Data excerpts:
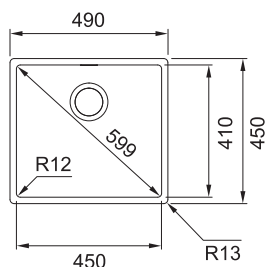

Rozměry **580 × 450 mm**

Výřez **540 × 410 mm (Rádus 12 mm)**

Dřez **540 × 410 × 200 mm**

Rádus 12 mm

Nerez

Věnujte prosím pozornost návodu na montáž a údržbu nerezových dřezů na str. 107.

Spodní skříňka od 500 mm

Your task:
Which lines of the data contain the string "Rádus"? Copy each one.

Exercise answer:
Výřez **540 × 410 mm (Rádus 12 mm)**
Rádus 12 mm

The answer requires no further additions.